Colin Grudzien: Reproducible scientific software development for predictability
Reproducible scientific software development for predictability
Mathematics and Statistics
Colin Grudzien, Ph.D. is currently an assistant professor in statistics. Grudzien received his Ph.D. in mathematics in 2016 from UNC Chapel Hill with a focus on applied dynamical systems. Prior to joining the faculty at the University of Nevada, Reno, Grudzien was a research assistant at Los Alamos National Laboratory, a postdoc at the Nansen Environmental and Remote Sensing Center in Norway and a visiting researcher at CEREA, a Joint Laboratory of École des Ponts ParisTech/EDF R&D. Grudzien’s research interests include Bayesian inference and uncertainty quantification in physical systems, and applications in modeling climate and the electric grid.
Grudzien is the faculty adviser for the Society for Industrial and Applied Mathematics (SIAM) student chapter at the University. SIAM as an organization is committed to inclusion in STEM and recognizes the strength that diverse perspectives bring to interdisciplinary science. Learn more about the University’s student chapter of SIAM.
In the fields of climate science and meteorology, the time-evolution of relevant variables such as temperature, pressure and humidity can be modeled with systems of equations from fluid and thermodynamics. In principle, knowing the "true" state of the atmosphere and the ocean, we can study how these states change in time as governed by these equations. However, the chaotic nature of weather means that even if the exact state of the atmosphere and ocean were known, minor simulation errors cause predictions to rapidly diverge from the true future-state. For this reason, and due to the inherent uncertainty in the initial states, numerical weather models are used to produce ensemble-forecasts to study the variability of the future weather. Ensemble-forecasts act like the replication of a laboratory experiment, where the numerical model is the laboratory for Earth's physics.
Because climate science and meteorology rely heavily on numerical models, it is critical to develop this numerical software in a reproducible, well-documented and transparent environment. Like with laboratory experiments, the credibility of the results of numerical simulations lies in the rigor of the experimental design and the reproducibility of the results. The complexity of these simulations also demands that the software is developed for performance and efficiency, and benchmarking code is also a critical element in the development of robust scientific software.

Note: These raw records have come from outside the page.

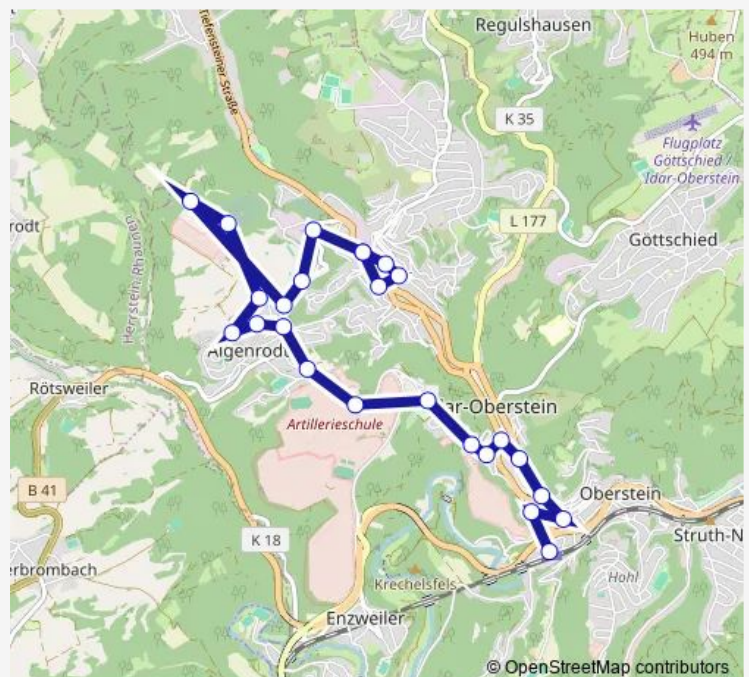

### Route schedule

Idar-Oberstein, Bahnhof — Idar-Oberstein, Bahnhof

Monday 06:10

Tuesday 06:10

Wednesday 06:10

Thursday 06:10

Friday 06:10

Saturday —

### Route info

Direction: Idar-Oberstein, Bahnhof

Stops: 22

Trip Duration: 0 hour 30 min

803
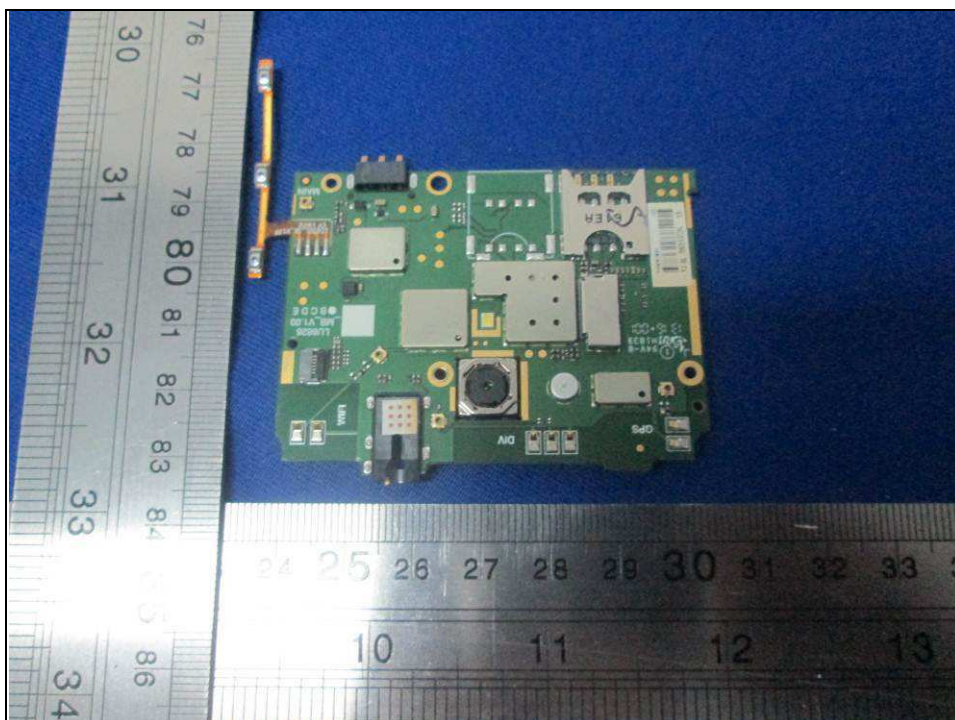

PHOTOGRAPHS OF THE EUT

Reference No.: 160504W010

BT/WLAN Antenna

WWAN Diversity Antenna

WWAN Main Antenna

Reference No.: 160504W010
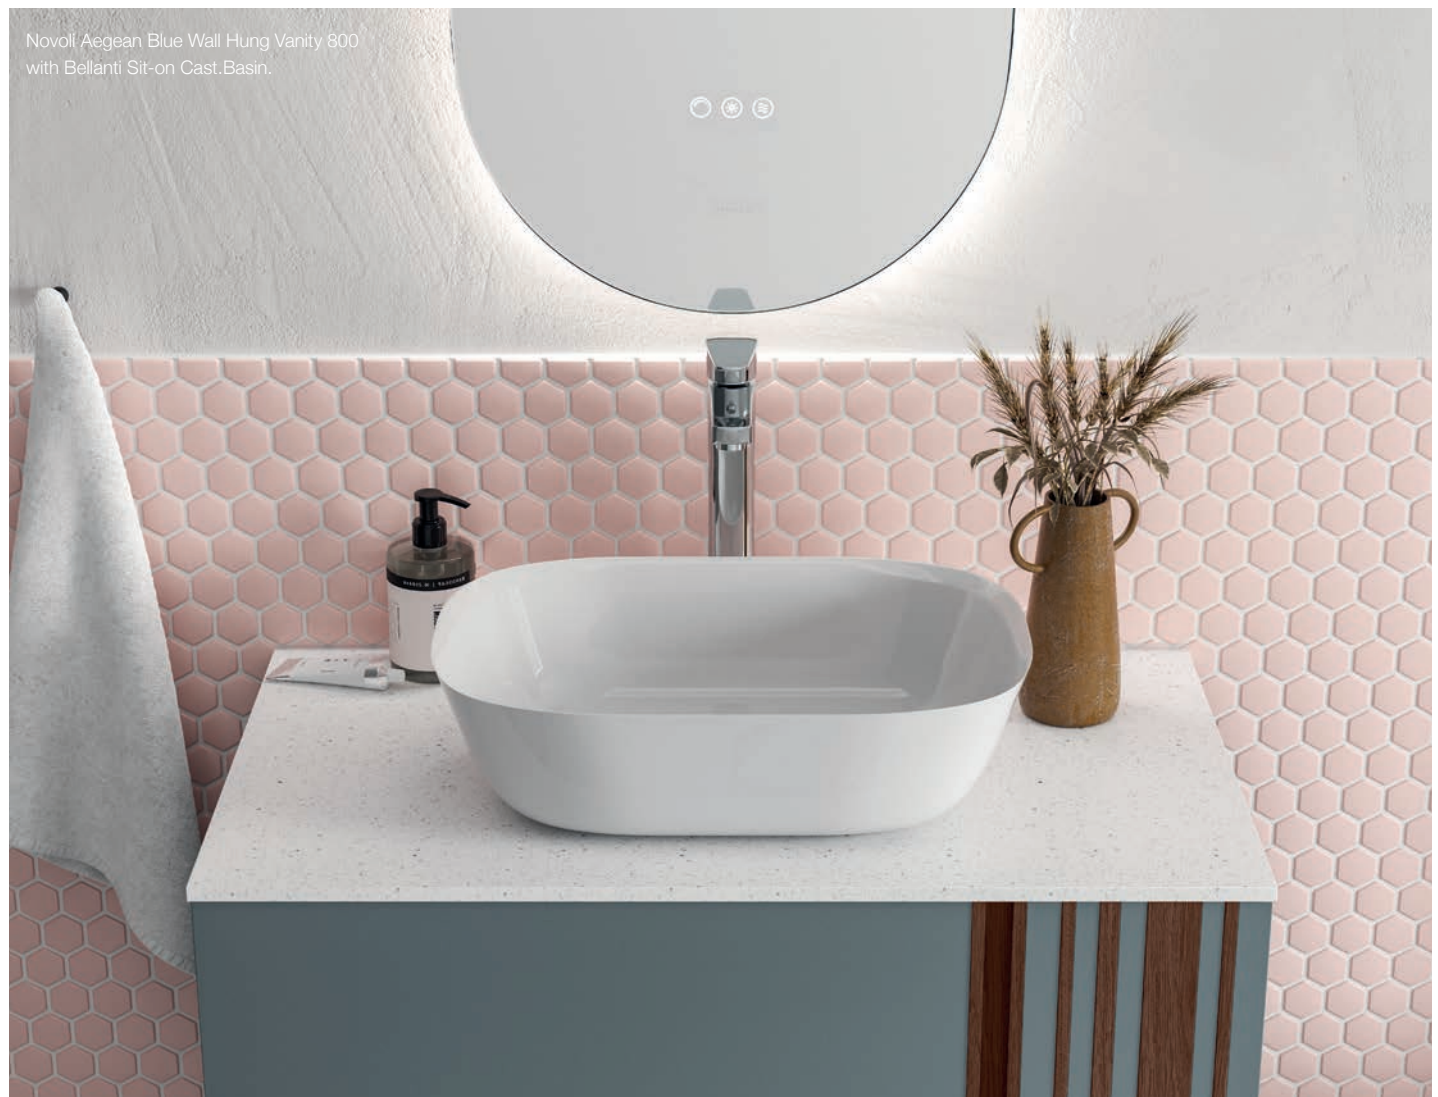

Novoli

Novoli seamlessly combines modern and traditional elements. This two drawer vanity features an inlaid solid walnut design to create an Art Deco aesthetic. Novoli comes in three painted finishes with optional walnut finish legs

---

Novoli Aegean Blue Wall Hung Vanity 800
with Bellanti Sit-on Cast.Basin.
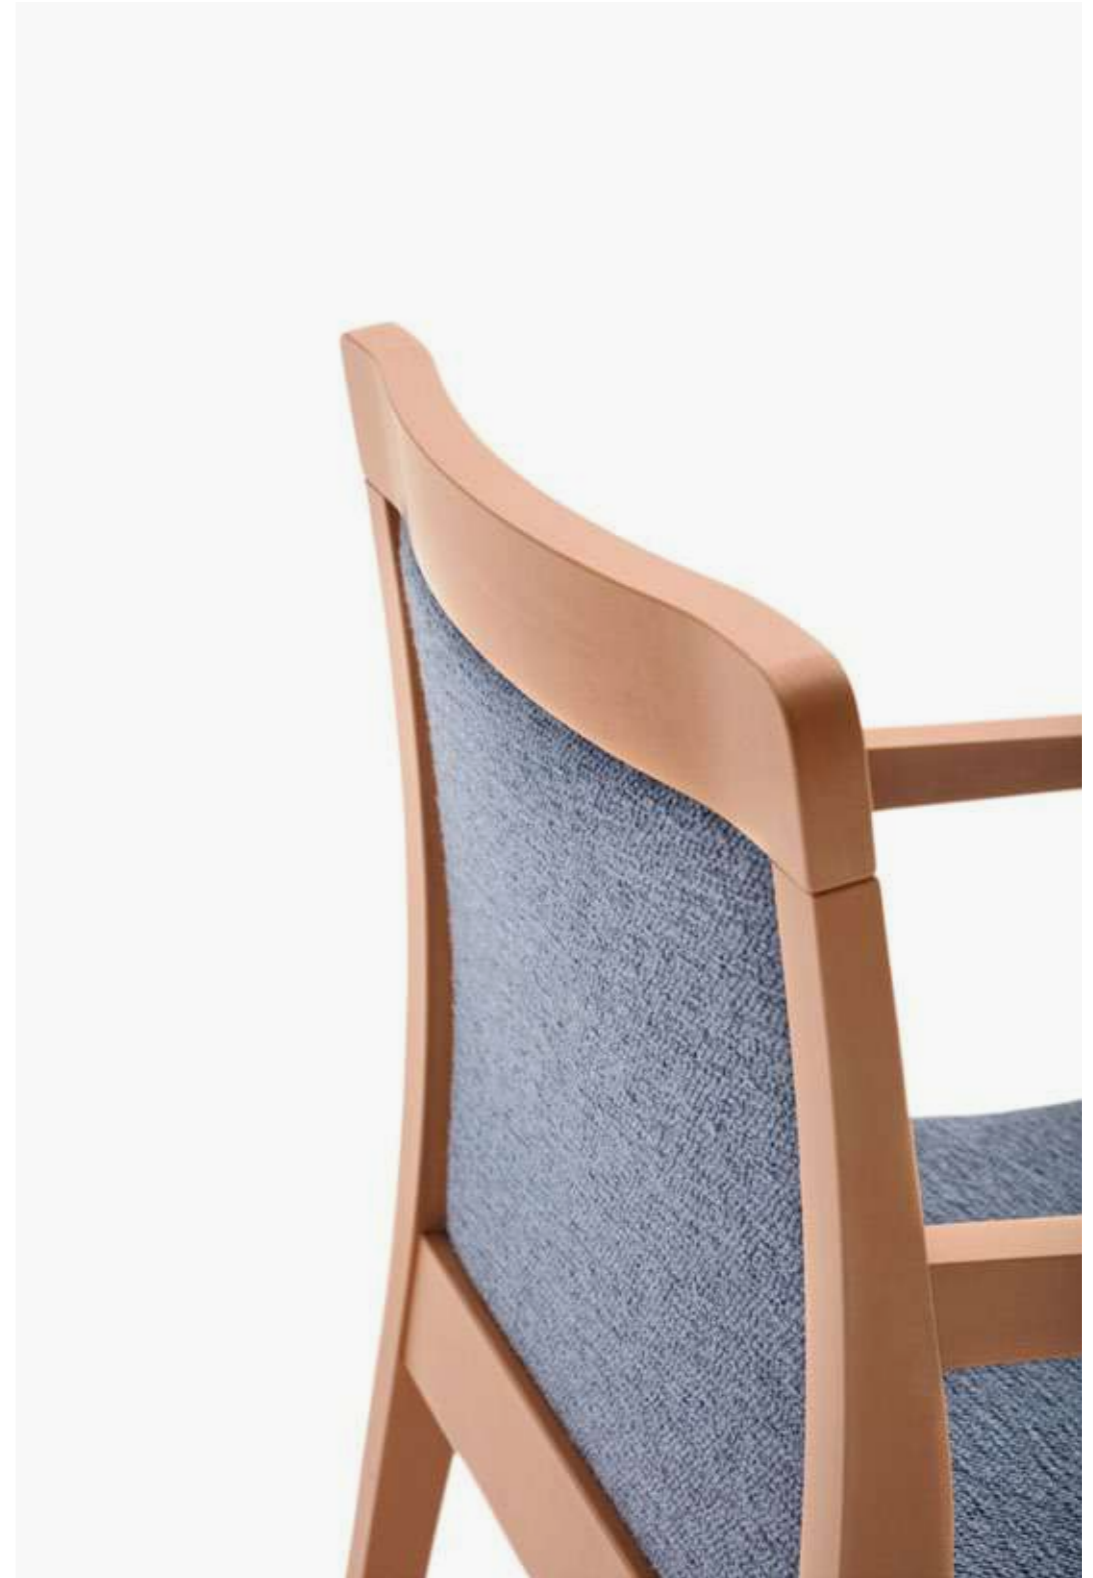

OPERA BOHEME - 49ep.i8

Colour: ATS Fabric: Limonta Perseide 23
Total Height: 86 Seat Height: 48.5 Armrest Height: 67 Width: 58.5 Depth: 58.5
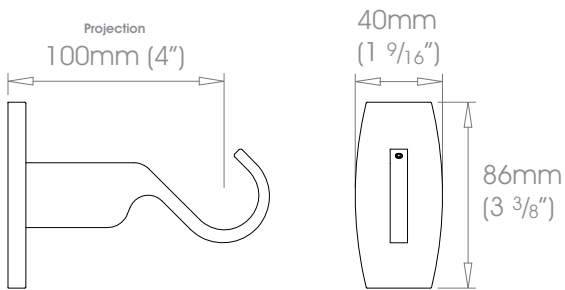

30mm (1 3/16") Single Bracket - Side

 Projection 100mm (4")

 Weight 253g (9oz)

50mm (2") Single Bracket - Side

 Projection 100mm (4")

 Weight 444g (15oz)
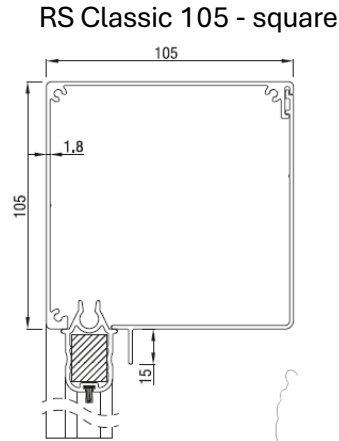

RS Classic 95 - 45°

RS Classic 95 - square

RS Classic 95 - IO motors only

Eolis IO sensor wire free wind sensor (option)

Guide rails

End slat

Profile colours

03302 020 701

info@solar-shield.co.uk

RS Classic Screens

	Maximum width (cm)	height (cm)	area (m ²)
RS Classic 105	450	350	14,0

RS Classic 105 - IO motors or Crank control
 Eolis IO sensor wire free wind sensor (option)
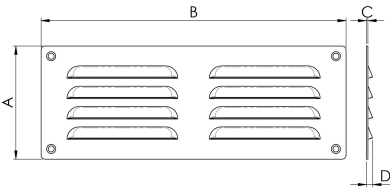

Hooded Louvre Vent

HL4 Range

Robust louvre ventilator panels which are ideal for use around the home and office. Softened radiused corners for safety. Fixed gap louvre design for permanent ventilation. Ideal for airing cupboard, boiler room doors etc.
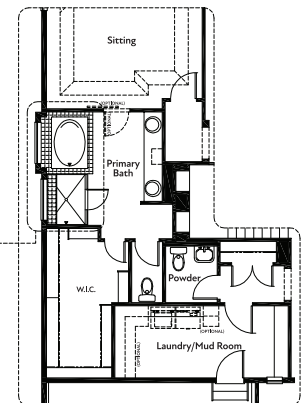

BORDEAUX

VERANDA COLLECTION

MAIN LEVEL FLOORPLAN

(OPTIONAL) BASEMENT FLOORPLAN

(Optional) Expanded Primary Suite and Laundry

(Optional) Bedroom 5 w/ Bath 4

(Optional) Enlarged Shower (Only)

(Optional) Elevation "F" Bedroom 2 Windows

(Optional) Elevation "E" Bedroom 2 Windows

(Optional) Study

(Optional) Enlarged Shower (Only)

(Optional) Expanded Primary Suite and Laundry

STRUCTURAL OPTIONS
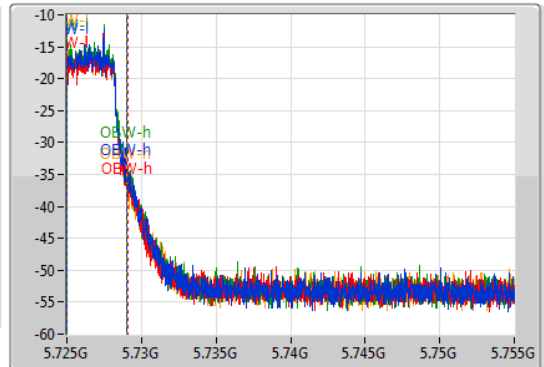

802.11ac VHT80-BF_Nss1,(MCS0)_4TX

EBW

5690MHz Straddle 5.725-5.85GHz

04/12/2019

CF
5.74GHz
Span
30MHz
RBW
100kHz
VBW
300kHz
Sweep Time
100ms
Detector Type
Peak

CF
5.74GHz
Span
30MHz
RBW
100kHz
VBW
300kHz
Sweep Time
100ms
Detector Type
Peak

The goal of this project is to mentor the student on scientific software development so that they can contribute to an active research code base, studying statistical aspects of predictability in physical systems. The student will perform the following in the course of the project:
- the student will learn to use the BASH command line interface and to perform networked computing on servers;
- the student will learn to write, debug and benchmark simulation scripts in one or more open-source programming language such as Python, Julia or R;
- the student will learn to maintain a reproducible software development environment in Github;
- the student will learn to present their results using a modern Markup language.
Background experience for the project including introductory computer science and calculus is preferred.